_WHAT NEEDS TO BE DONE_:
Copy the records below exactly as they stand. Leave out the pictures.

_EXTRACTED DATA_:
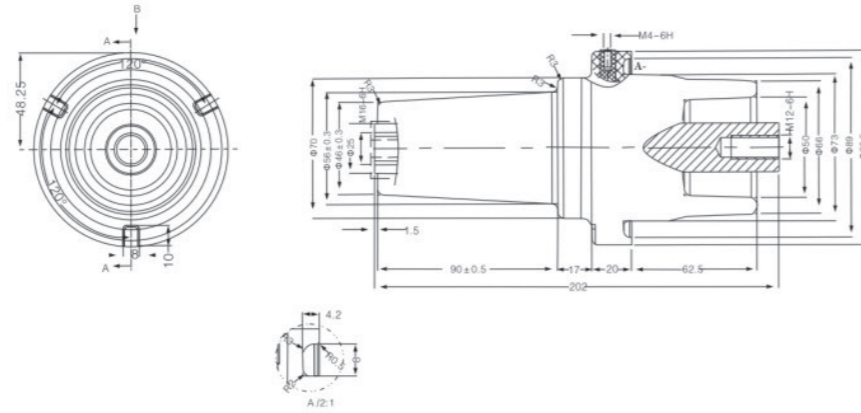

套管座系列
Cannula hub Series

202双通套管

235双通套管

充气柜熔丝筒

套管座系列
Cannula hub Series

254双通套管座

260双通套管座(伞形)

三通套管座
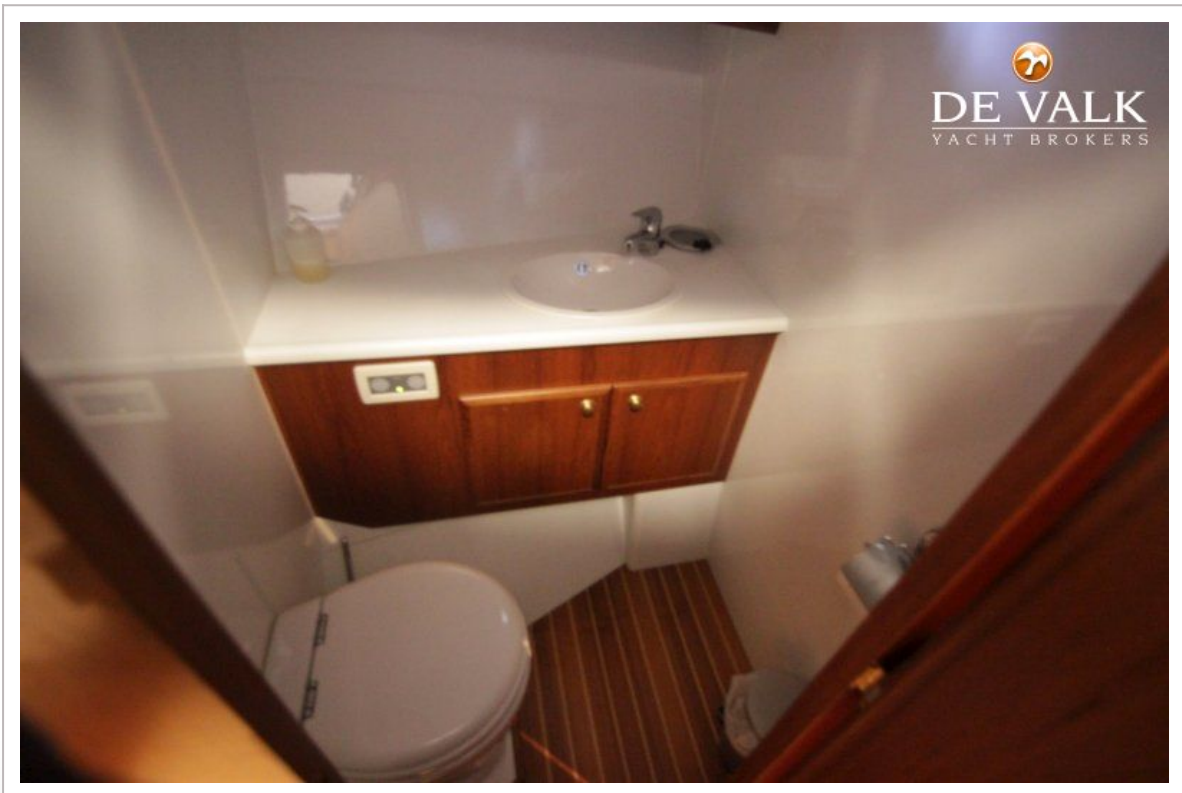

AQUANAUT DRIFTER 1250

_RESPONSE TO THE TASK_:
套管座系列
Cannula hub Series

202双通套管

235双通套管

充气柜熔丝筒

套管座系列
Cannula hub Series

254双通套管座

260双通套管座(伞形)

三通套管座

AQUANAUT DRIFTER 1250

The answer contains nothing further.